According to Leamer, Trump is “a consummate public figure.”

“When he’s sitting there at Mar-a-Lago for dinner, you think he’s just sitting down, looking at his meal,” Leamer says. “He misses nothing… He just manipulates things the way he wants to. The fact that half the media in America, the national media, is so incredibly negative — they’re playing his game. That’s what he created.”

In fact, says Leamer, Trump “needs his enemies. The press is a great enemy for him to have.”

Mar-a-Lago Club

Cross Trump at Your Own Risk, Even in the Kitchen

On two occasions, Mar-a-Lago chefs felt the president’s wrath over dishes served to him.

Leamer recounts an incident when one young cook wanted to impress the boss by preparing Kobe steaks — the “most tender steaks in the world.”  After the chef cooked the meat, Trump, who prefers his very well done, found the meal far too easy to cut, says Leamer.

According to Leamer, “He says to [the chef], ‘What the f— is this? Bring me a steak.’ ” That was “the last Kobe steak that was ever served” at Mar-a-Lago.

A similar incident occurred over, of all things, a widely liked Caesar salad that was a signature of one of his chefs.

Leamer says Trump, who preferred hamburgers, steak and a wedge of iceberg lettuce, was not a fan. According to Leamer, several months after the chef was hired, Trump came into the kitchen one day “swearing like a truck driver.”

“He went into the kitchen and he just blew up,” Leamer says. “He screams and yells and says ‘You and your f-ing salad. [And then] he makes his own salad and tells him, ‘I’ll show you how to make the Caesar salad.’ “

Trump proceeded to do just that, tossing together lettuce and croutons, “sprayed with salad dressing,” according to Leamer. He fired the chef the next day.

The President in His Happy Place: Alone but Tended to

“[Trump has] created his world,” says Leamer. “It’s what he’s done his whole life. This is what it’s come to: life of incredible isolation.”

According to previous PEOPLE reporting, Trump largely keeps to the same routine when visiting Mar-a-Lago, even while president: golfing at his private club in nearby West Palm Beach and meeting and dining with club members, regularly moving from table to table. Though invited to eat out at restaurants and private homes in the area, he prefers his own chef.

In a detailed portrait of the president published in December, the New York Times reported that Trump was “more sure of his own judgment and more cut off from anyone else’s than at any point since taking office.”

The Times article continued: “He spends ever more time in front of a television, often retreating to his residence out of concern that he is being watched too closely. As he sheds advisers at a head-spinning rate, he reaches out to old associates, complaining that few of the people around him were there at the beginning.”

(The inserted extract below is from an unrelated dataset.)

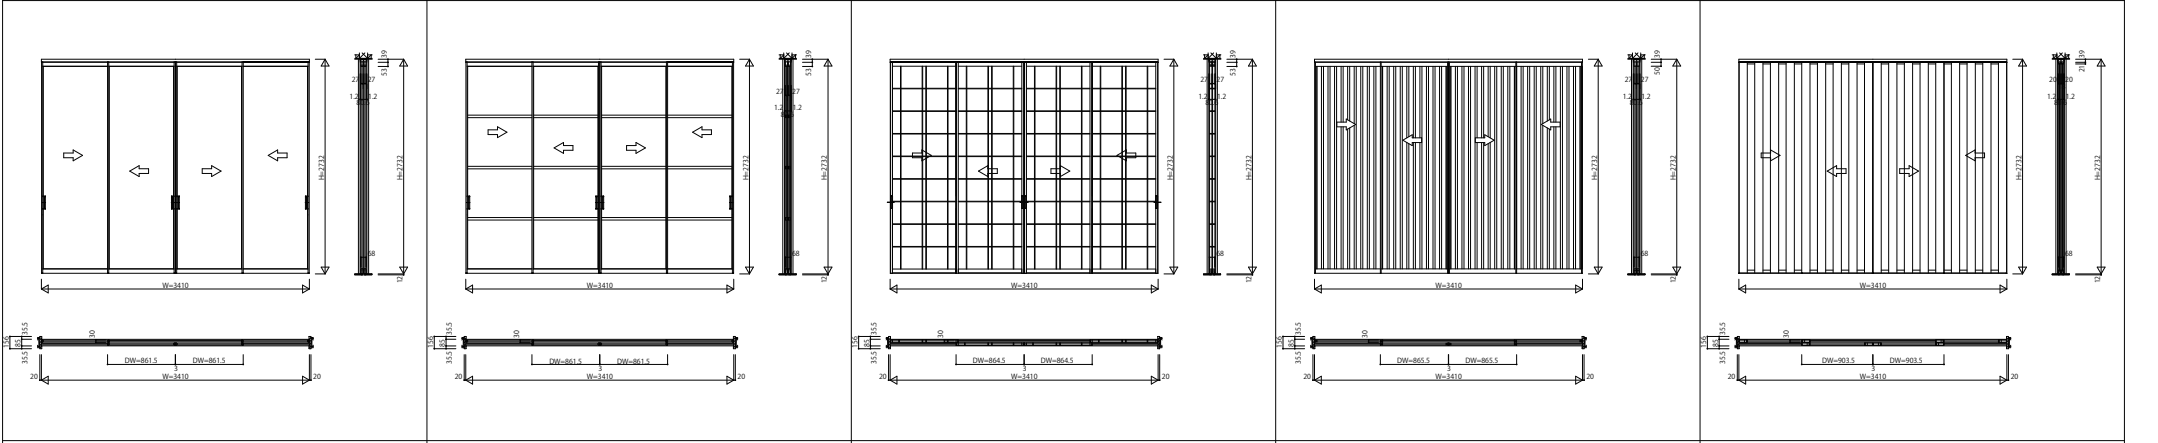

AYHSP_H09 アルミインテリア建材 [スクリーンパーティション] 間仕切 ラウンドレール スライディングタイプ 引違い戸(4枚建) 呼称高27 1/2

引違い戸(4枚建) Sタイプ W=3,410 H=2,732 たて枠なし仕様	引違い戸(4枚建) Nタイプ・Cタイプ・Wタイプ W=3,410 H=2,732 たて枠なし仕様	引違い戸(4枚建) Tタイプ W=3,410 H=2,732 たて枠なし仕様	引違い戸(4枚建) Jタイプ W=3,410 H=2,732 たて枠なし仕様	引違い戸(4枚建) Lタイプ W=3,410 H=2,732 たて枠なし仕様
--	--	--	--	--

引違い戸(4枚建) Mタイプ・Hタイプ W=3,410 H=2,732 たて枠なし仕様				
---	--	--	--	--

Faced with negative headlines in recent months, he has reacted with incredulity, according to the Times: “Can you believe this? I’m doing great, but it’s a war every day.”

For the president, Mar-a-Lago will always be a refuge, a club source previously told PEOPLE.

“No matter what else is happening in the world, he is treated like royalty at Mar-a-Lago,” the source said. “He loves to be here.”